====== Provided data

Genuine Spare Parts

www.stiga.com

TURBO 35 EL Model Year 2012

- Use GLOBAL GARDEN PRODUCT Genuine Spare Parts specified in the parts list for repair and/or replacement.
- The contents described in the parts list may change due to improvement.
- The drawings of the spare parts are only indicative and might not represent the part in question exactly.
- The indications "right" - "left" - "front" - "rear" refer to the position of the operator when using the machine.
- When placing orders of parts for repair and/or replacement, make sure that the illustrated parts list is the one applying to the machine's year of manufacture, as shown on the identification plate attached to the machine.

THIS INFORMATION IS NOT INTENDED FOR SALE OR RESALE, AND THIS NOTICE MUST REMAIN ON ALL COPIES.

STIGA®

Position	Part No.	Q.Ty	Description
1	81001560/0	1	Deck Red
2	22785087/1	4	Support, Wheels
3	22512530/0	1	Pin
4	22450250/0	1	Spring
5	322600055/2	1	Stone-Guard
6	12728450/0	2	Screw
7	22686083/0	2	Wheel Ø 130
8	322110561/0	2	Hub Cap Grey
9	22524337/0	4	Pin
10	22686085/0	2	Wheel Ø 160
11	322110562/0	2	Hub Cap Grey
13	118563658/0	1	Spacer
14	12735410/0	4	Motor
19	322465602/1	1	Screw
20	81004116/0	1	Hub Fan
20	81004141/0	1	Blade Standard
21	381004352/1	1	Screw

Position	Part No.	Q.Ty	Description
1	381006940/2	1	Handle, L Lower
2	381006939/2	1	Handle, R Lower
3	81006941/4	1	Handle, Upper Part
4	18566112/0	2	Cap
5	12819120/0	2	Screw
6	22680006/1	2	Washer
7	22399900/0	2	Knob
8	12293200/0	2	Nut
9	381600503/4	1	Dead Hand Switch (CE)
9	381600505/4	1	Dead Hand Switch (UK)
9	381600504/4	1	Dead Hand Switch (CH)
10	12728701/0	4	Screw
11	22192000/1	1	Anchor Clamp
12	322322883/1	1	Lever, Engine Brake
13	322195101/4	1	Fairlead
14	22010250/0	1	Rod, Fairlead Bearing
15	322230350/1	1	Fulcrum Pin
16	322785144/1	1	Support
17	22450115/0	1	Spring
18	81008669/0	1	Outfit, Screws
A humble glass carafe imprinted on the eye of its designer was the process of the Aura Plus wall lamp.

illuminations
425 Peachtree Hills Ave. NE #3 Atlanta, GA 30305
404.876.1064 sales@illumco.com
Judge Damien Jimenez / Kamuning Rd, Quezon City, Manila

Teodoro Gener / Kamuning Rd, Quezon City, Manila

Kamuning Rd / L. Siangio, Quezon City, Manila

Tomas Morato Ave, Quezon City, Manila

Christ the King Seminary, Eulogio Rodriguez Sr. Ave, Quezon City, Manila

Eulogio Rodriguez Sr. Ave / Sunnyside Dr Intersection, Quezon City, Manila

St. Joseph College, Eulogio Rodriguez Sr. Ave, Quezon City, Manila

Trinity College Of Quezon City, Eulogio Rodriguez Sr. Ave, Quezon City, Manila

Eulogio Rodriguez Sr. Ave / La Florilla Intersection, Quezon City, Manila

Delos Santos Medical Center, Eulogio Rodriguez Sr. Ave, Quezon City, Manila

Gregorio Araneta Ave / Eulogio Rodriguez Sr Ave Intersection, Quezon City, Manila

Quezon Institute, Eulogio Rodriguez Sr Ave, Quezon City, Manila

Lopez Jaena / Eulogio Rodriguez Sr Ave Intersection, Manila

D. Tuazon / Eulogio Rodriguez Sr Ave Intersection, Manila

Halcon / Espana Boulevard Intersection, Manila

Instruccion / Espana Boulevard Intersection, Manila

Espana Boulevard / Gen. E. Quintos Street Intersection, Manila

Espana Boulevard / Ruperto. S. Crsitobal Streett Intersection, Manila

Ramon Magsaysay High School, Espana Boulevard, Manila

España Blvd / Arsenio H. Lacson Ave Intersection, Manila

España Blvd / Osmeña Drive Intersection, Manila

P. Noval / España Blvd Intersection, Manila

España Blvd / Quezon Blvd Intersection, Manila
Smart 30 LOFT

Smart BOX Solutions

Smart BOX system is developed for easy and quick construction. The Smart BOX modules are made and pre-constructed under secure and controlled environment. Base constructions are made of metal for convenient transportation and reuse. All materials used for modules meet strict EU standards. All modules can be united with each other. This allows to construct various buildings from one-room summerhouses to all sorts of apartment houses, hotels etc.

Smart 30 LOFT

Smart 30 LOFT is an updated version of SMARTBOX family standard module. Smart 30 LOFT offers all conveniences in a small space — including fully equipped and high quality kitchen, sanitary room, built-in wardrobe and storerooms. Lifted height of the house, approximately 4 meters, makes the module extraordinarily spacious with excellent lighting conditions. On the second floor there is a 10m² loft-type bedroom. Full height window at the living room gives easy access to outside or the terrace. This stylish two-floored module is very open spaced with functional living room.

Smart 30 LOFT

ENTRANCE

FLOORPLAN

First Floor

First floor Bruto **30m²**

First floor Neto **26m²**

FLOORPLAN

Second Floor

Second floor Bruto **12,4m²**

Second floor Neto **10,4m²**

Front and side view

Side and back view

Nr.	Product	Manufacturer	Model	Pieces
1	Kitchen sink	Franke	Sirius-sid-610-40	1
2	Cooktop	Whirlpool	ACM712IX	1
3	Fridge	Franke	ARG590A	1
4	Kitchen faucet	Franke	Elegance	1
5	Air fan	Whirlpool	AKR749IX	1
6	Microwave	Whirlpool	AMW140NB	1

============

## [Task objective]
Where does the word "Support" appear in the listing? List each line that holds it.

## [Output of the task]
2	22785087/1	4	Support, Wheels
16	322785144/1	1	Support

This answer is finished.